Figure 3: FP Financing Scenarios vs Cost Projections (2022-2025)
Data Source: National FP Blueprint 2020-2024; MTEF/FSP 2021-2023
- Generate more political support for FP and mainstream FP as an essential component of National Development: The influence and interest of key actors and institutions play a crucial role towards a shift in policy, priority and social norms in favour of improving financing for FP commodities. Health sector stakeholders have a key role to play in targeted messaging and advocacy to the Nigerian Government towards ensuring that FP financing is reprioritized as very crucial to the nation’s, economic growth and productivity, human capital development and achieving demographic dividend.

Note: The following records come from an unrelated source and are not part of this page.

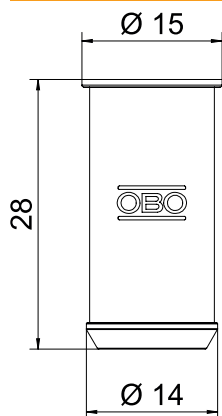

Techninių duomenų lapas

HW tuščiavidurių sienų dėžučių jungiamasis elementas

Art. Nr. 2003846

Jungiamieji elementai, skirti tuščiavidurių sienų dėžutėms sujungti ir praveisti kabelių laidus.
Hermetiškas sandarių tuščiavidurių sienų dėžučių sujungimas.

PP Polipropilenas

Pagrindiniai duomenys

Art.-Nr.	2003846
Modelis	ZH 11V
Tiekiamas nuo	01.10.2021
Dydis	Ø14,5x28mm
Spalva	oranžinė
Medžiaga	Polipropilenas
Medžiagos santrumpa	PP
Mažiausias pardavimo vienetas	10 vienetų
Svoris	0,10 kg/100 vnt.

Techniniai duomenys

Ilgis	28,00 mm
Skersmuo	14,50 mm
Ø viduje	11 mm
Priedo/atsarginės detalės tipas	Jungiamoji dalis
Be halogenų	<input checked="" type="checkbox"/>
Apsaugos rūšis	IP30
Atsparus smūgiams	<input checked="" type="checkbox"/>
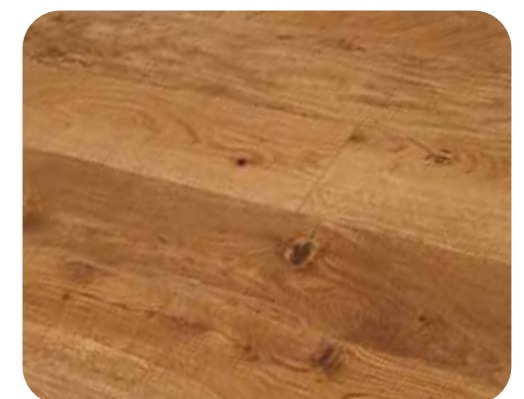

AUTHENTIC 6
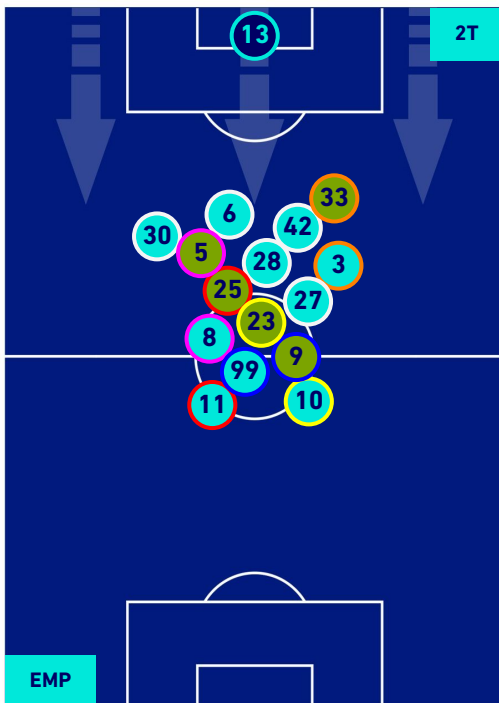

## HEATMAP

EMPOLI

4-2

BOLOGNA

## POSIZIONI MEDIE

- Legenda:**
- 1^ Sostituzione
  - Giocatore Entrato
  - Giocatore Uscito
  - Giocatore Entrato in sostituzione di
  - 2^ Sostituzione
  - Giocatore Entrato
  - Giocatore Uscito
  - Giocatore Entrato in sostituzione di
  - 3^ Sostituzione
  - Giocatore Entrato
  - Giocatore Uscito
  - Giocatore Entrato in sostituzione di
  - 4^ Sostituzione
  - Giocatore Entrato
  - Giocatore Uscito
  - Giocatore Entrato in sostituzione di
  - 5^ Sostituzione
  - Giocatore Entrato
  - Giocatore Uscito
  - Giocatore Entrato in sostituzione di
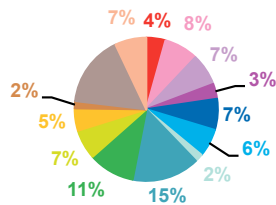

trimestre 2 - 2011

données trimestrielles par chaîne et par rubrique

Nombre de sujets	TF1	France 2	France 3	Canal +	Arte	M6	Totaux
Catastrophes	88	79	65	45	9	56	342
Culture-loisirs	156	122	77	17	217	138	727
Economie	146	126	100	52	55	78	557
Education	69	52	37	19	4	32	213
Environnement	142	98	70	29	51	68	458
Faits divers	128	105	99	45	2	120	499
Histoire-hommages	37	30	20	6	24	17	134
International	309	459	319	239	459	202	1987
Justice	211	217	147	107	44	155	881
Politique France	136	188	130	68	12	97	631
Santé	102	101	92	33	15	99	442
Sciences et techniques	33	25	23	12	16	20	129
Société	326	276	189	122	95	254	1262
Sport	143	143	79	19	12	77	473
Totaux	2026	2021	1447	813	1015	1413	8735

nombre de sujets

TF1
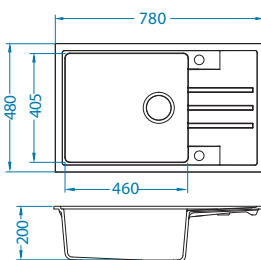

Intermezzo 130

1117292

Rozmiar: 780 x 480 mm
Rozmiar komory: 460 x 405 x 200 mm

Akcesoria:

Montaż
podwieszany
zaczepy
1135533
69,00 zł

Deska do
krojenia
tworzywo
1152908
149,00 zł

Wkładka
ociekowa
nierdzewna
1119835
369,00 zł
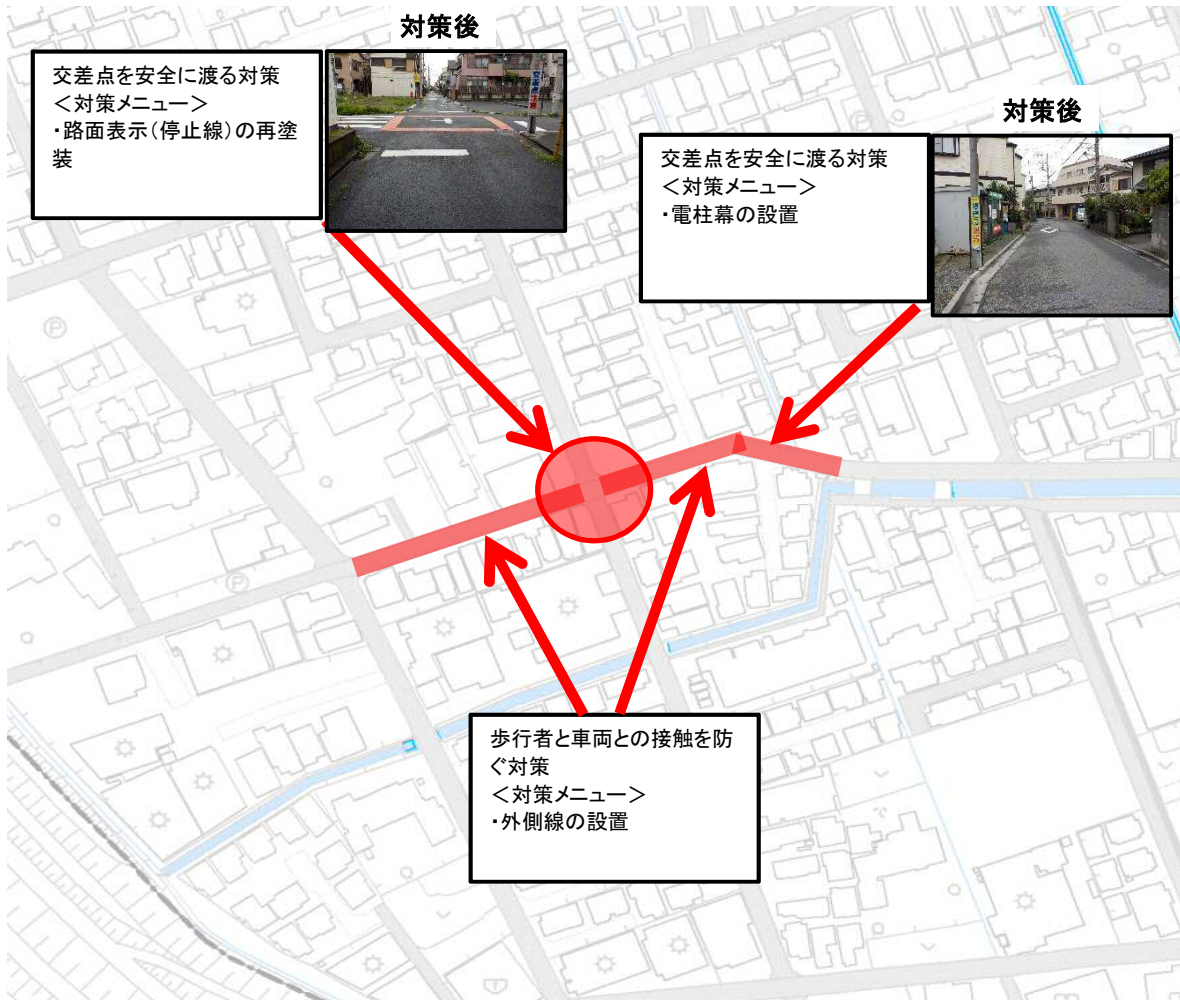

# 通学路対策箇所図

南区内谷1丁目11番19号付近

平成31年3月に対策を実施

## 【対策検討メンバー】

- ①田島小学校
- ②南部建設事務所 道路安全対策課
- ③南部建設事務所 土木管理課
- ④南区くらし応援室
- ⑤浦和警察署
- ⑥建設局 道路環境課
- ⑦教育委員会 学事課

【田島小学校整備要望箇所】  
通学路対策箇所図

南区松本4丁目17番10号付近

平成31年3月に対策を実施

【対策検討メンバー】

- ①田島小学校
- ②南部建設事務所 道路安全対策課
- ③南部建設事務所 土木管理課
- ④南区くらし応援室
- ⑤浦和警察署
- ⑥建設局 道路環境課
- ⑦教育委員会 学事課

# 通学路対策箇所図

南区松本4丁目4番9号付近

平成31年3月に対策を実施  
外側線の設置は令和元年度予定

# 【見沼小学校整備要望箇所】 通学路対策箇所図

見沼区東大宮2丁目地区

令和元年度以降対策実施予定
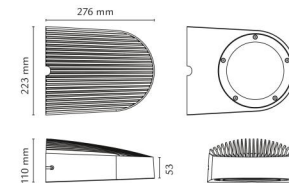

Lichttechnik

Leuchtmittel: LED
 Lichtstrom (lm): 790/1630lm
 Lichtausbeute: 99/96lm/W
 Lichtfarbe: 3000K
 Farbwiedergabeindex: Ra>80
 MacAdams Faktor: SDCM: 3
 Lebensdauer: L80/B20>50.000
 Lichtverteilung: Direkt
 Optik: Reflektor
 Abstrahlwinkel: 100°

Materialien und Ausführung

Gehäuse: Aluminium
 Farbe: Graphit
 Werkstoff der Abdeckung: Gehärtetes Glas

Montage/Anschluss

Montage: Anbau, Außen
 Anschluss: Anschlussklemme

Größe

Breite (mm) W: 276
 Höhe (mm) H: 110
 Tiefe (T): 53
 Gewicht (kg) brutto/netto: 3.5 / 3.3

Verpackung

Verpackungsmaße (mm): 300 x 233 x 120
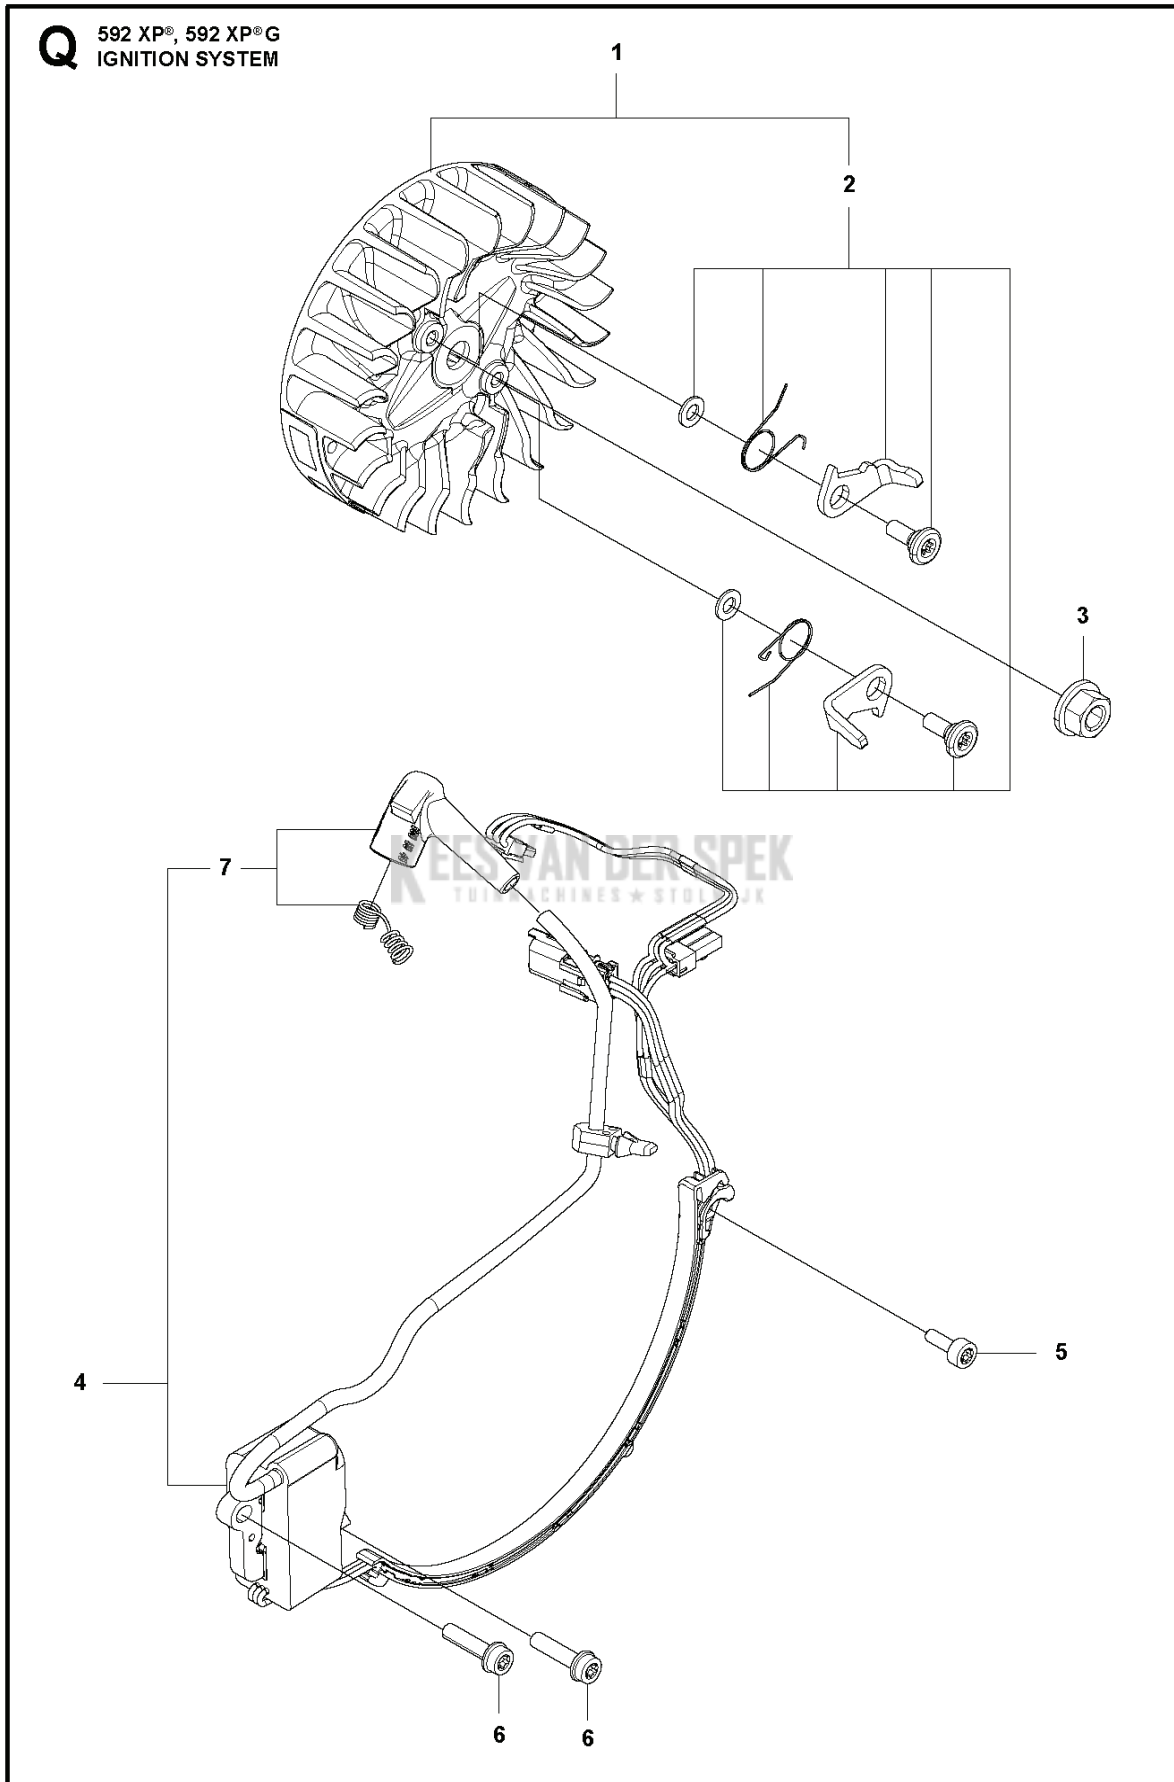

CHAIN SAWS

PXM_REF	PXM_PARTNO	DESCRIPTION	PXM_REMARK	QTY.
1	596298301	STATOR COMPL.		1
2	526818102	SCHROEF ITXSCM		2
3	526221801	SCREW CITXPANT		1
4	593912701	HANDGREEPINZETSTUK		1
5	593908901	THERMOSTAAT COMPL.		1
6	593261002	INLAATBOCHT		1
7	593976301	BEKABELING COMPL.		1 6
8	593260801	CHOKEHENDEL COMPL.		1 6
9	505156201	SCREW		1 6
10	593909001	AFDICHTING		1 6
11	582157101	DOORVOER		1
12	598940901	HOUDER		1
13	593908701	FOLIE-ELEMENT		1
14	593239902	VLIEGWIEL COMPL.	XPG	3
15	597960601	SCREW KIT		1 14
16	503220401	MOER		1
17	526818101	SCHROEF ITXSCM		1
18	593257902	INLAATPIJP COMPL.		1

Q 592 XP®, 592 XP® G
IGNITION SYSTEM

- Intra-sectoral reprioritization of FP funding: As shown in Fig 1, LMICs spend an average of 1.33% of their GGHE on FP. Therefore, the health sector should reprioritize the amount that is spent on FP to at least 1% of the overall health budget. Also, FP financing should be reprioritized within the National and State Health Insurance Schemes as well as the BHCPF.
- Strategic engagement of the private sector: The private sector could contribute significantly toward expanding the fiscal space for FP (Figure 2). However, a strong coordination and collaboration platform is needed to harness the private sector potential by strengthening the interface between government, donors, CSOs and the private sector actors on the other hand.
- Strategic and catalytic FP investment by Donors: As there is a huge potential to increase domestic financing on FP especially from reprioritization, utilizing external funding in boosting domestic financing will significantly increase the fiscal space. More external funding should be channelled towards budget advocacy for FP commodity financing across all tiers of government and technical support towards harnessing private sector potential and technical support towards integrating FP into the BHCPF and the National and State Social Health Insurance Schemes.